The musicians being featured in the Coronation have spoken of their joy and pride at taking part – and told how the King became personally involved in the selection. An anthem written by Lord Andrew Lloyd Webber and a “jubilant and uplifting” march created by Patrick Doyle are among the 12 new compositions for the ceremony at Westminster Abbey on May 6.
Brit Awards and Emmy-nominated composer Sarah Class, who has composed scores for Sir David Attenborough’s nature programmes, was also invited by Charles to write music for the Coronation.
Lord Lloyd-Webber, 75, said he has already played a version of his piece – Make A Joyful Noise, A Coronation Anthem – to the King but he remained tight-lipped about the royal response.
He said: “I had the good fortune to discuss the text with the King. We discussed the writings of Solomon and I suggested adapting Psalm 98 with its message of ‘Make a Joyful Noise unto the Lord, the King’. It seems so appropriate to the moment in the Coronation service.
“I played – and tried to sing – my early score for him a few weeks ago.
“I have composed a short opening and closing fanfare, which will be played by the Trumpeters of the Royal Air Force. The anthem is scored for the wonderful Choir of Westminster Abbey and the Coronation Orchestra.”
Charles has personally selected the music for the ceremony, which has been designed to showcase a range of talent and styles from the UK and the Commonwealth.
Performers include Welsh harpist Alis Huws, 28, and South African opera soprano Pretty Yende, 38.
Sarah Class spoke of her pride in attending the Coronation and that in the King, the country has a monarch who is as passionate about the environment as she is.
She first came to the attention of the then-Prince of Wales after writing to him and mentioning his visit to her school and detailing her work with music and the environment. The King then asked her to write music for Glasgow’s Cop26 climate change summit.
Sarah, 43, said: “I feel very honoured, privileged and excited to be part of the Coronation. For me, it’s not just a contribution, I feel so happy that I’m lending my support through my music.
“I love the fact that we have somebody in this position, who has these values about the planet, who cares about the environment and our biodiversity.”
The event is set to be a showcase of some of the best composers in the world. A short overture composed by Judith Weir will be the first performance by the Coronation Orchestra.
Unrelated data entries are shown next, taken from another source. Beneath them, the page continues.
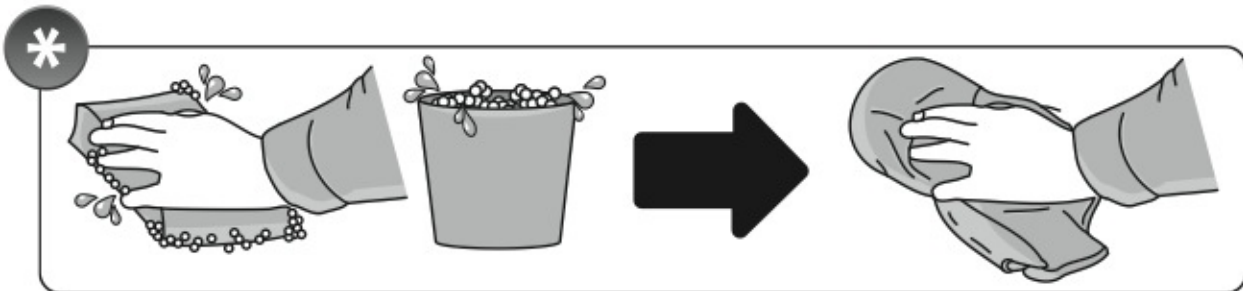

A

ALLUMINIO
Aluminium

 +  +  = max: **60kg**
5,5kg

max:
???kg

Safety regulations

OPEL MERIVA

4/03→4/10

Art. **N21026**
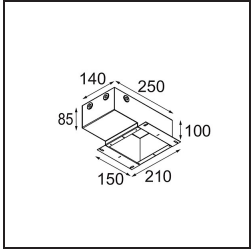

Thimble Recessed 74 1x IP55 LED 2700K Medium DE Champagne Brushed Anodised

Specifications

| | |
|---------------------------------|----------------------------------|
| Material | 11620041 |
| Light Source Type | LED |
| LED Type | BRIDGELUX V6 HD G7 |
| LED technology | LED COB |
| CRI | Min. 90 |
| Colour Temperature | 2700K |
| Lifetime | L80B10 @50,000 Hours |
| Lamp Included | Yes |
| Number of Light Sources | 1 |
| CIE flux code | 100 100 100 100 61 |
| Binning (SDCM) | 2 |
| Light Direction | Down |
| Optic | Lens |
| Measured beam angle (°) | 30.0 |
| Input Voltage | Constant Current Driver Required |
| Electrical Class | III |
| IP Rating | 55 |
| Glow wire rating (°C) | 960 |
| Indoor/Outdoor | Indoor |
| Application | Ceiling |
| Mounting | Recessed |
| Cut-out size (mm) | ø70 |
| Mounting depth (mm) | 110.0 |
| Adjustability | Not Applicable |
| Distance to Lighted Object (m) | 0,1 |
| Primary Colour & Primary Finish | Champagne, Brushed Anodised |
| Gross weight (g) | 254.0 |
| Drive current (mA) | 350 500 |
| Min. forward voltage (Vf) | 14.8 15.2 |
| Max. forward voltage (Vf) | 18.0 18.6 |
| Connected load (W) | 5.7 8.5 |
| Luminous flux per lamp (lm) | 440 593 |
| Efficacy (lm/W) | 77 70 |
| Glare rating | 0 0 |

Remark

- 4000K on request
-

TM30 & CRI diagram

Light distribution & beam diagram

Installation Accessories

11624030 Installation Housing 140x250x100x210

12292630 Gypsum Fibreboard 150x150

11624430 Concrete Ring 70 Standard Installation Housing
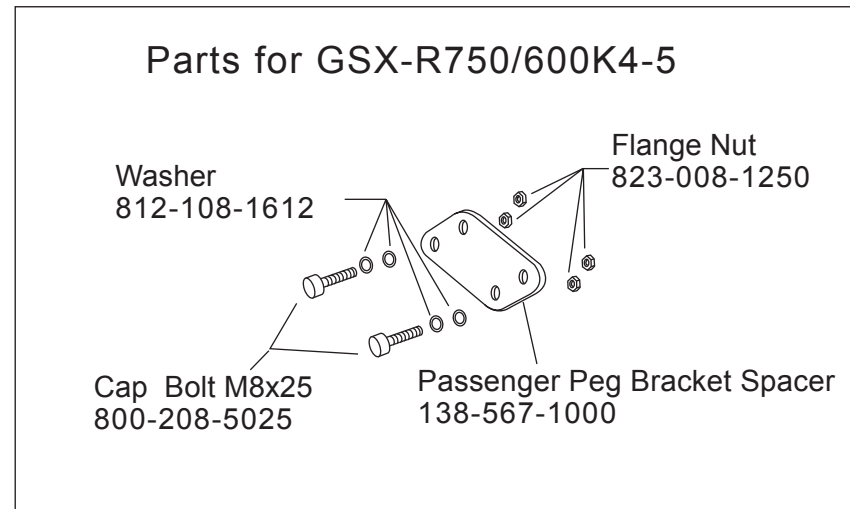

- Tri-Oval Silencer Band  
162-39R-0015 for Metal Magic/Stainless/Titanium Sleeve  
162-39R-0019 for Carbon Sleeve

SD#5  
138-058-5424

Cap Bolt M8x40  
800-208-5040

Silencer Band Rubber  
896-005-0135

EEC Approved No.

The Sight from Back

- Tri-Oval Silencer Assy
- 1A6-503-5421 Metal Magic Sleeve
- 1A6-503-5451 Stainless Sleeve
- 1A6-503-5481 Titanium Sleeve
- 1A6-503-5491 Carbon Sleeve

Cap Bolt M8x20  
800-208-5020

Lot Number
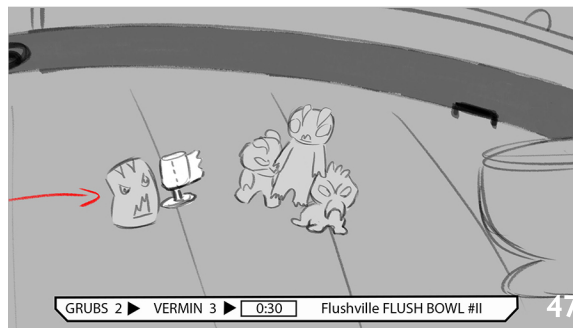

# FLUSH FORCE - SEASON I , EP 4 : “Flush Bowl”-V3

Beetle flips around the defender and goes for the shot.

AVO(Awesome): Beetle, dodging defenders and he's up...what's going on? I can't believe what im seeing!

Everything freezes. Beetle is in the air and camera quickly does a 180 of Beetle, Matrix-style.

Continue action.

Continue action.

Continue action.

# FLUSH FORCE - SEASON I , EP 4 : “Flush Bowl”-V3

Unfreeze, we hear Beetle grunt still in the air.

Cut to toilet, continue to hear Beetle grunt then the ball drops into toilet.

A loud flush and horns are heard.  
AVO(Awesome):The drop! Flushdown!!  
Royal Flush!!! And the Vermin win the  
Flush Bowl!

Beetle backflips back onto the field as  
his teammates rush over and lift him.  
Crowd going wild in bg.

Chuck brings out the trophy to Beetle who  
is being carried by his team.  
(Chuck):That's one for the record books!
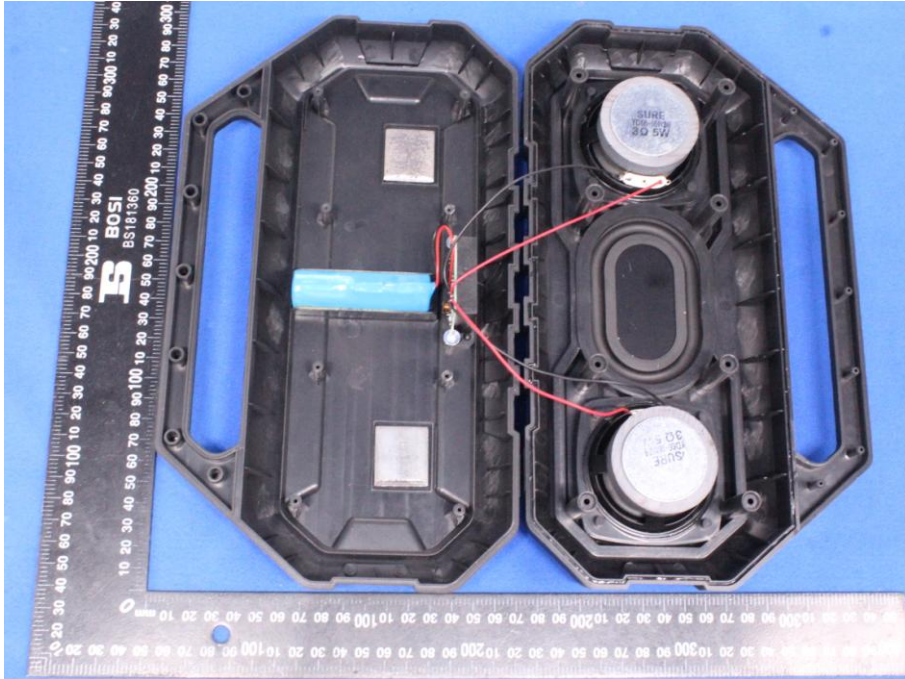

## Appendix B: Photographs of EUT

Product: Bluetooth Speaker

Model: CQL1732-B

Internal Photos

Antenna

The ceremony features six orchestral commissions, five choral and one organ, specially written for the occasion by composers whose styles include classical, sacred, film, television and musical theatre.
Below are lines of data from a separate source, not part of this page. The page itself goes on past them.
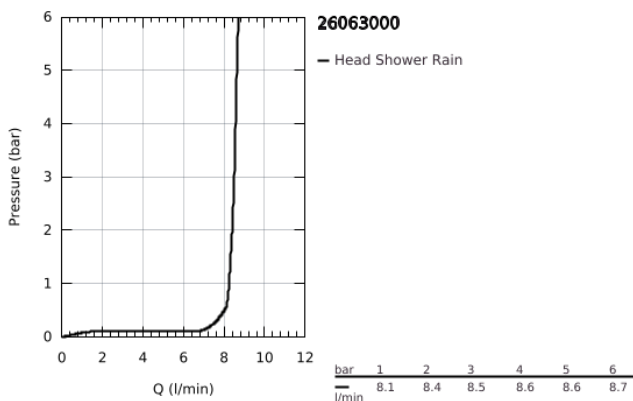

26 063 000 **RAINSHOWER COSMOPOLITAN 210 HEAD SHOWER SET CEILING 142 MM, 1 SPRAY**

**PRODUCT DESCRIPTION**

- Colour: chrome
- consisting of:
  - head shower Rainshower Cosmopolitan 210 (28 373)
  - material: metal
  - spray pattern: Rain
  - maximum flow rate (at 3 bar): 8.5 l/min
- Rainshower shower arm ceiling 142 mm (28 724)
- GROHE EcoJoy - less water, perfect flow
- GROHE DreamSpray - perfect spray pattern
- GROHE LongLife finish
- GROHE SpeedClean - effortless limescale removal
- starting at 0.5 bar flow pressure

26 063 000 **RAINSHOWER COSMOPOLITAN 210 HEAD SHOWER SET CEILING 142 MM, 1  
SPRAY**

**SPARE PARTS**

- 1: Escutcheon (Spare part-nr. 11741000)
- 2: Spare part set (Spare part-nr. 48185000)
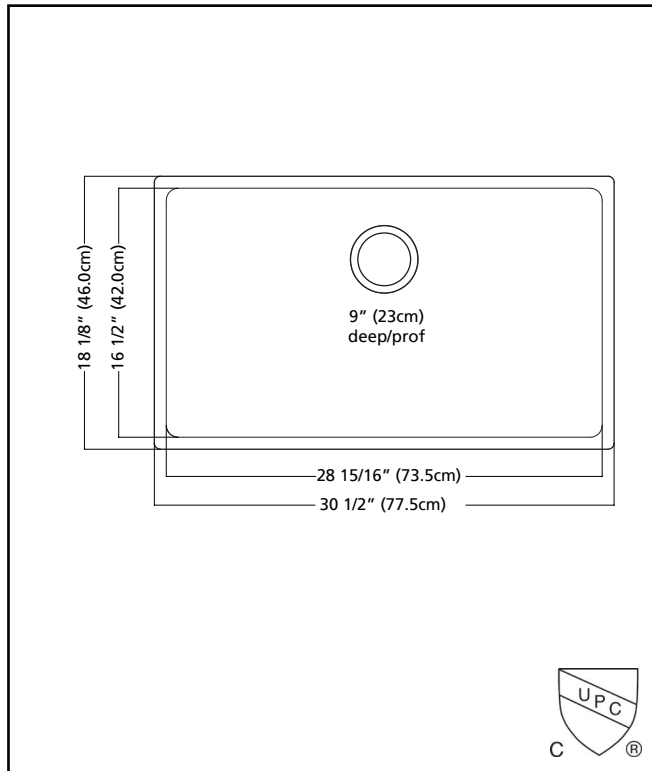

KINDRED

Brookmore Undermount

BROOKMORE

SINGLE BOWL 18 GAUGE UNDERMOUNT

MODEL: BSU1831-9N

- ✓ **Quality Beyond Material:** Designed with 18 gauge quality stainless steel with exceptional resistance to staining and corrosion.
- ✓ **Larger Bowl Capacity:** A generous capacity bowl that is made even more spacious, with the tighter radius corners, creating ample space for all your prepping and cleaning needs.
- ✓ **Rear Drain Placement:** The rear drain maximizes the usable bottom surface of the bowl while also creating extra cabinet space beneath the sink.
- ✓ **Remarkably Quiet:** Sound dampening system goes to work to reduce the noise caused by a garbage disposal or running water.

TECHNICAL FEATURES

OVERALL SINK SIZE (OD)	18 1/8" FB x 30 1/2" LR
BOWL SIZE (ID)	16 1/2" FB x 28 15/16" LR
BOWL DEPTH	9"
MINIMUM CABINET SIZE	36"
MATERIAL	18 Gauge
BOWL CORNER RADIUS	20 mm
STAINLESS STEEL FINISH	Satin
DRAIN HOLE LOCATION	Rear
INSTALLATION TYPE	Undermount
SOUND COATING	Sound pads
WARRANTY	Limited Lifetime
COUNTRY OF ORIGIN	China

Paul Mealor’s composition – Coronation Kyrie – to be sung by bass-baritone Sir Bryn Terfel and the Westminster Abbey choir, is set to be the first Welsh language performance at a crowning.
Mr Mealor, 47, from St Asaph, in Denbighshire, Wales, described it as “a meditative, introspective” piece.
He said: “I was inspired by the great Welsh tunes – Aberystwyth, Cwm Rhondda, Ar Lan y Mor – and the composition is coloured by the harmonies of these songs. It is a cry from the deep soul of the hills and valleys of Wales for hope, peace, love and friendship.”